Key aspects of SDV Enterprise that play a role in our scalable support
Comprehensive, User-Centered Documentation We maintain over 250 pages of documentation—the largest known for generative modeling of tabular data (SDV, SDMetrics, RDT, SDGym). Users frequently praise it as clear and easy to use, with one paper even highlighting it as exemplary. Documentation is never an afterthought. We design software abstractions with ease-of-use in mind, which naturally produces clear, coherent documentation. We are transparent about our design decisions—our user-facing Python API is openly discussed in GitHub issues. This clarity helps make our documentation both thorough and intuitive.

Right Abstractions for Robustness and Flexibility. Defining the right abstractions was key to SDV Enterprise’s design. The system is divided into distinct modules with clear roles, inputs, and outputs, each with its own repository and release cycle for modular development and maintenance. These abstractions provide dual benefits:
- Advanced users can target specific settings and workflows.
- We can quickly and accurately pinpoint issues when they arise.
To test the effectiveness of our abstractions, we categorize every incoming issue into one of four bins:
- Issues we know exist and already have a workaround.
- Issues we know exist and are simple to fix but haven't been addressed yet.
- Issues we don’t fully understand but can debug using the stack trace.
- Issues that surprise us entirely, of which we were previously unaware.
We firmly believe that when abstractions are correct, technical debt is minimal, and most issues fall into categories 1 or 2. In practice, even issues initially in category 3, once investigated, resolve into category 1 or 2. This approach ensures SDV remains robust, maintainable, and predictable.

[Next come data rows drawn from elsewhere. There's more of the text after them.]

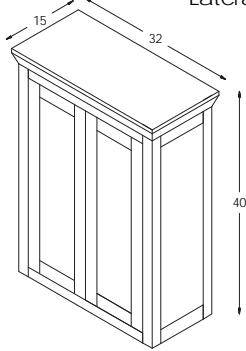

## **#960 (as shown)**

60"W x 30"D x 31 1/4"H

- One pencil drawer, two file drawers and four storage drawers
- Writing board pull-outs on both pedestals
- Inset front panel with cutout
- Clipped front corners on top

## #906 Hutch

32"W x 15"D x 40"H

- 2 adjustable shelves
- Two glass doors

## #984 Lateral File

32"W x 20"D x 30 1/4" H

- Two file drawers

Comfortably relaxing. Comfortably productive.

# Dimensions

Note: Dimensions on doors and drawers reflect opening sizes

#972 Executive Desk

#950 L-Desk

#960 Executive Desk

#906 Lateral File Hutch

#907 Lateral File Hutch

#924 Hutch
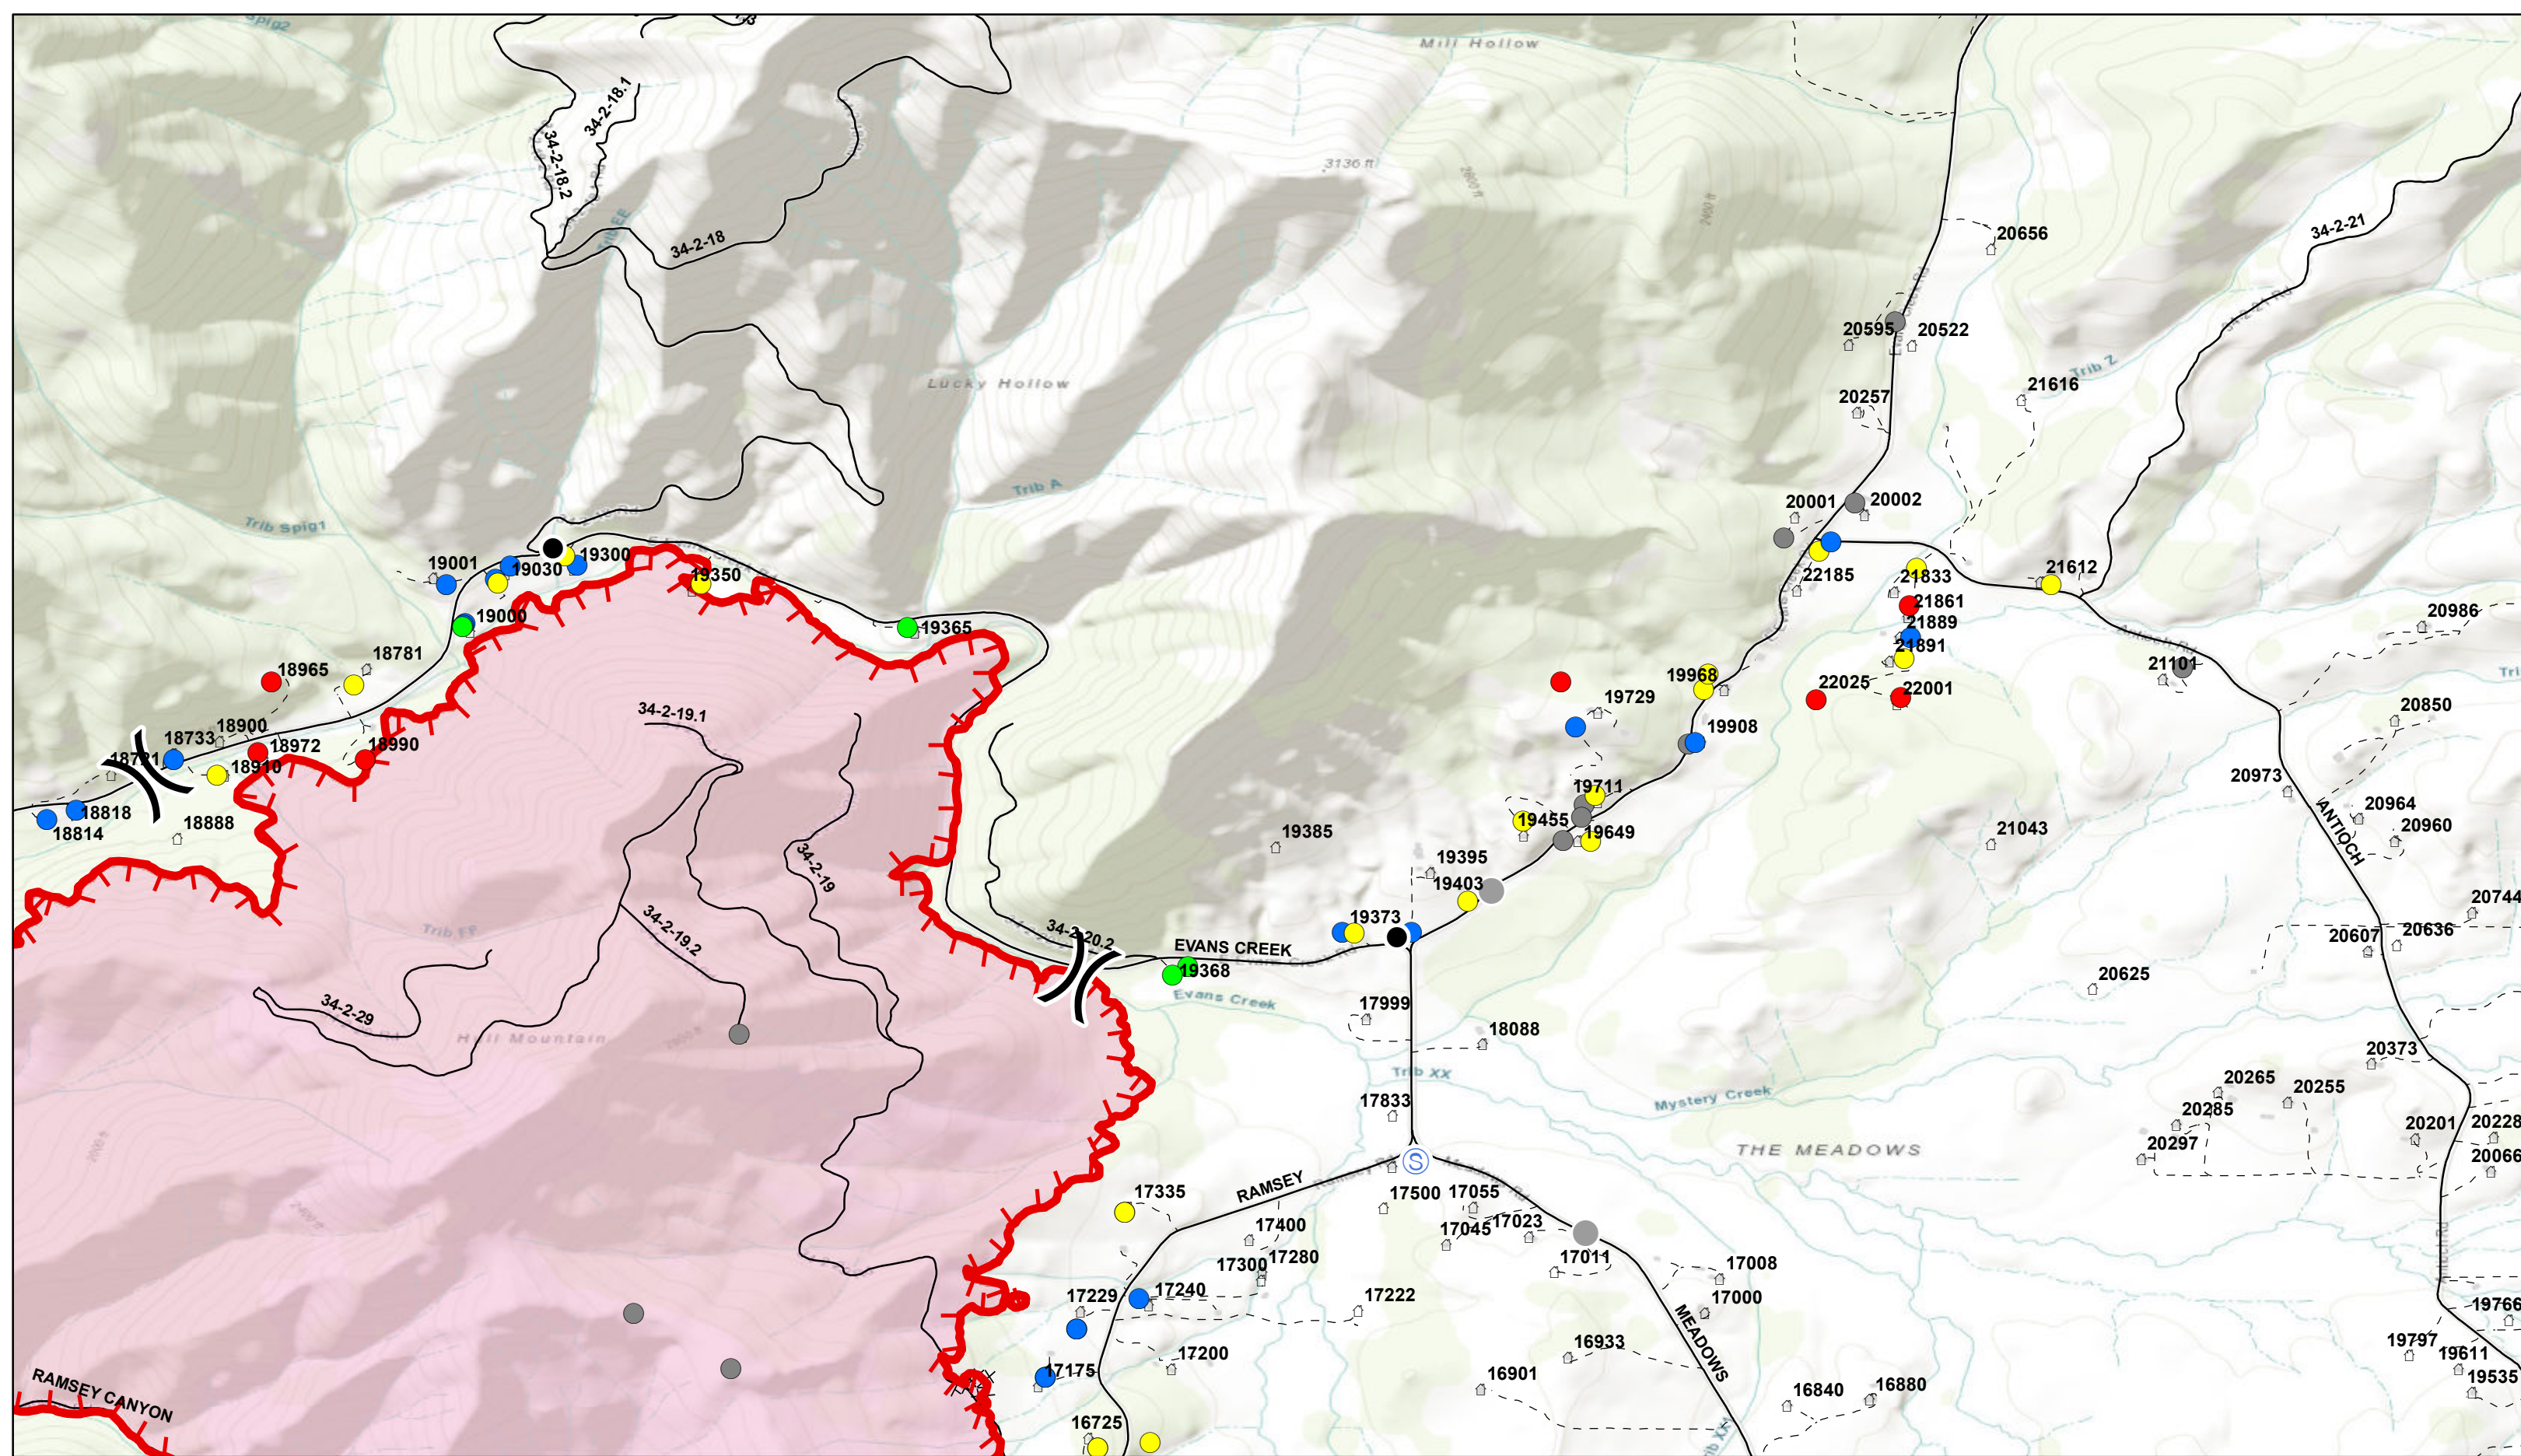

**Legend**

**Risk Assessment**

- Stand\_Alone
- Prep\_Hold
- Prep\_Go
- Rescue\_DriveBy
- Other

**Legend**

**Risk Assessment**

- Stand\_Alone
- Prep\_Hold
- Prep\_Go
- Rescue\_DriveBy
- Other

**Legend**

**Risk Assessment**

- Stand\_Alone
- Prep\_Hold
- Prep\_Go
- Rescue\_DriveBy
- Other

**Legend**

<span style="color: green;">●</span> Stand_Alone	<span style="color: yellow;">●</span> Prep_Go
<span style="color: blue;">●</span> Prep_Hold	<span style="color: red;">●</span> Rescue_DriveBy
<span style="color: grey;">●</span> Other	
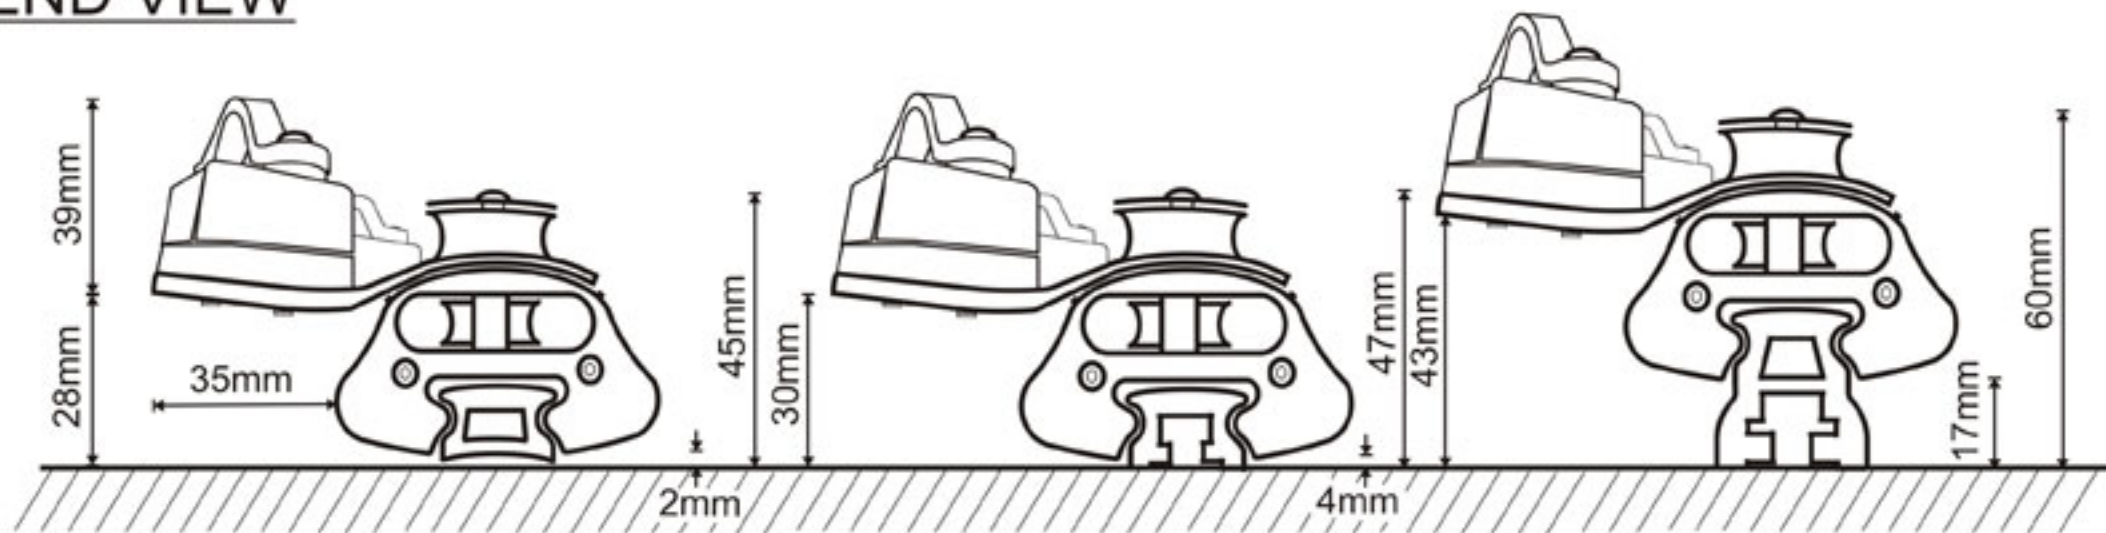

SIZE 1 (20000) TRAVELLER CENTRE LINE DRAWING

TOP VIEW

END VIEW

DRILLED

SLIDING BOLT

BEAM

Rigorous Testing for Reliable AI Software. Testing a software product that lets users build AI models—especially generative models—requires a specialized test bench. SDV undergoes multiple levels of testing, including 10+ automated regression bots. Because the software is probabilistic and must handle diverse datasets, extensive tests run at every merge, release, and monthly. These evaluate the full workflow—from preprocessing to sampling—measuring quality via the synthetic data produced, ensuring robust results across datasets.
Open Core: Battle-Tested and Enterprise-Ready. Our commercial version is built on an open core battle-tested by thousands of users, giving us insight into the correctness of our abstractions and exposing the software to enterprise-like datasets. While we never access the data itself, feedback from issues encountered provides valuable insight, helping the product achieve unmatched maturity. With more than 10,000 community contributions in testing, deploying SDV and reporting back any issues, this foundation ensures most customer-reported issues fall into categories 1 or 2, keeping the software robust and reliable in real-world enterprise environments.
Simulated Data: Safe and Effective Testing. We’ve developed innovative ways to simulate customer data for testing and debugging. If customers share metadata, our system generates simulated data that mirrors the structure and relationships of their real data, allowing us to test the product as if it were operating on the actual dataset. Since metadata—containing only column names and relationships—is non-sensitive, it can also be anonymized. Even anonymized metadata is enough to reproduce issues and debug effectively, ensuring privacy while maintaining robust testing.